Whatever follows the line containing "VAIA Dispenser with" in the listing below should be printed exactly, along with that line itself.

[Start of Attachment]

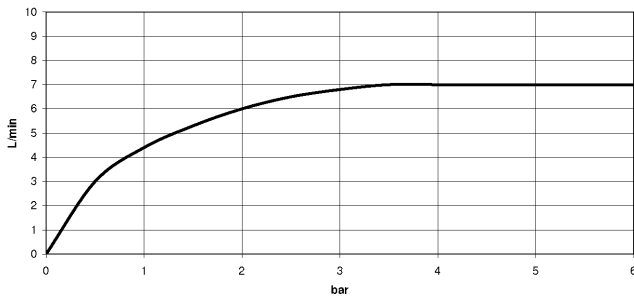

33 805 809

- 167mm projection
- pivotable spout 360°
- air-enriched flow
- max. flow 7 l/min at 3 bar flow pressure
- lead-free
- This product can help a building meet the requirements of Green Building Rating Systems, e.g. LEED®, BREEAM®, DGNB

Recommended miscellaneous

VAIA Dispenser with rosette - Brushed Durabron (23kt Gold) 82 434 809-28

33 805 809

mm [inches]

Flow rate chart

Codes & Standards

DIN 4109

ISO 3822

[End of Attachment]

Solution to this problem
VAIA Dispenser with rosette - Brushed Durabron (23kt Gold) 82 434 809-28

33 805 809

mm [inches]

Flow rate chart

Codes & Standards

DIN 4109

ISO 3822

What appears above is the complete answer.